29th Jul 2016 09:25
THIS ANNOUNCEMENT (INCLUDING THE APPENDIX) AND THE INFORMATION CONTAINED HEREIN IS RESTRICTED AND IS NOT FOR RELEASE, PUBLICATION OR DISTRIBUTION, IN WHOLE OR IN PART, DIRECTLY OR INDIRECTLY, IN, INTO OR FROM THE UNITED STATES (INCLUDING ITS TERRITORIES AND POSSESSIONS, ANY STATE OF THE UNITED STATES OR THE DISTRICT OF COLUMBIA), AUSTRALIA, CANADA, JAPAN, THE REPUBLIC OF SOUTH AFRICA OR ANY OTHER JURISDICTION IN WHICH SUCH RELEASE, PUBLICATION OR DISTRIBUTION WOULD BE UNLAWFUL.
The information contained within this announcement is deemed to constitute inside information as stipulated under the Market Abuse Regulations (EU) No. 596/2014. Upon the publication of this announcement, this inside information is now considered to be in the public domain.
29 July 2016
Stride Gaming plc
("Stride Gaming", or the "Company")
Closing of Placing
Further to the announcement earlier this morning that Stride Gaming (AIM: STR), the multi-branded online gaming operator, has entered into conditional agreements to acquire assets (the "Tarco Assets") of Tarco Limited ("Tarco") with the entire issued share capital of Netboost Media Limited ("Netboost Media"), a marketing business which services the Tarco Assets, and the entire issued share capital of 8Ball Games Limited ("8Ball") (together, the "Acquisitions"), and is conditionally raising £27 million through a placing of new Ordinary Shares in the Company, Stride Gaming is pleased to announce that the Placing has been fully subscribed.
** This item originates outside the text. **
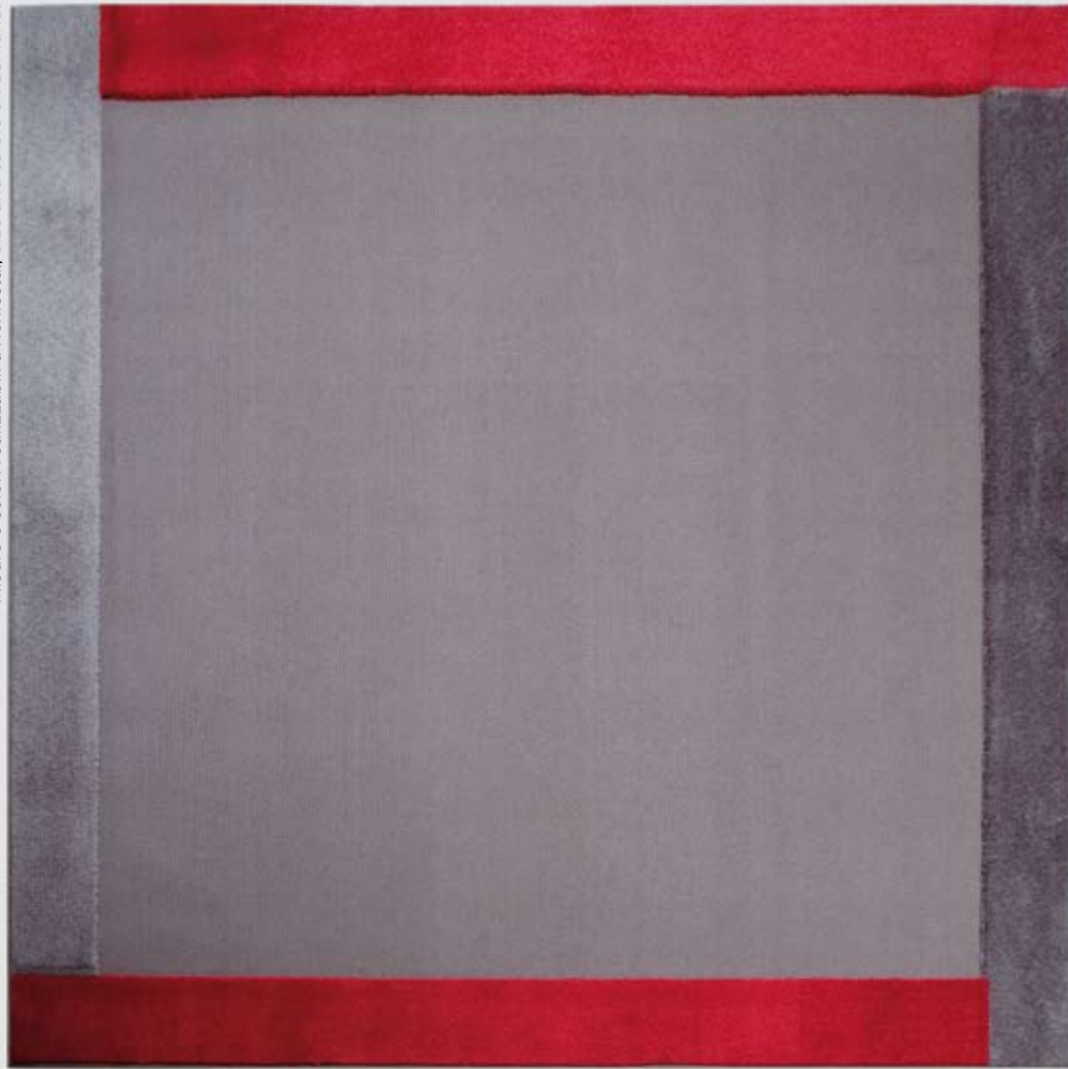

# YOUNG BORDO SILK

Nell'immagine/In the picture  
Misura/Size 200x300 cm

Realizzabile in qualsiasi misura, nelle coloriture presenti nell'articolo./Size on demand, choose colors from the item.

Realizzabile in qualsiasi misura, nelle coloriture presenti nell'articolo./Size on demand, choose colors from the item.

A total of 12,000,000 Placing Shares have been placed at a Placing Price of 225 pence per Placing Share (the "Placing Price"), raising gross proceeds of £27.0 million.
The Acquisitions and the Placing are each conditional upon, amongst other things, the passing of the Resolutions at the General Meeting. However, the Acquisitions are also conditional on a number of other matters (including the receipt of various contractual change of control consents) and are, therefore, expected to complete after Admission. As such, the Placing is not conditional upon completion of the Acquisitions and there is, therefore, a possibility that the Placing Shares might be issued but that none (or not all) of the Acquisitions will complete. In these circumstances, the Directors would consider the Company's options with regard to how best to utilise the balance of the net proceeds of the Placing.
A circular to Shareholders is expected to be posted on or around 3 August 2016, convening a general meeting of the Company to be held on or around 22 August 2016 with Admission expected to occur on or around 23 August 2016.
Directors' participation in the Placing
The Company announces the following independent directors of the Company have subscribed for shares in the Placing at the Placing Price as follows:
Name | Role | Number of shares subscribed for | Number of shares following the Placing | as % of the Enlarged Share Capital on Admission |
Nigel Payne | Non Executive Chairman | 8,889 | 13,889 | 0.02% |
John Le Poidevin | Non Executive Director | 6,667 | 44,546 | 0.07% |
All terms in this announcement have the meaning given to them in the announcement made by the Company at 7 a.m. on 29 July 2016 unless otherwise defined herein.
Enquiries:
Stride Gaming plc Eitan Boyd (Chief Executive Officer) Ronen Kannor (Chief Financial Officer) | + 44 (0) 20 7284 6080
|
Canaccord Genuity Limited (Financial Adviser, Nominated Adviser and Joint Bookrunner) Bruce Garrow Emma Gabriel Richard Andrews | +44 (0) 20 7523 8000 |
Shore Capital (Joint Bookrunner) Simon Fine Mark Percy Toby Gibbs
| +44 (0) 20 7408 4090
|
Yellow Jersey PR (Financial PR) Alistair de Kare-Silver Felicity Winkles | +44 (0) 7825 916 715 +44 (0) 7748 843 871
|
The person responsible for arranging for the release of this announcement on behalf of the Company is Ronen Kannor, Chief Financial Officer.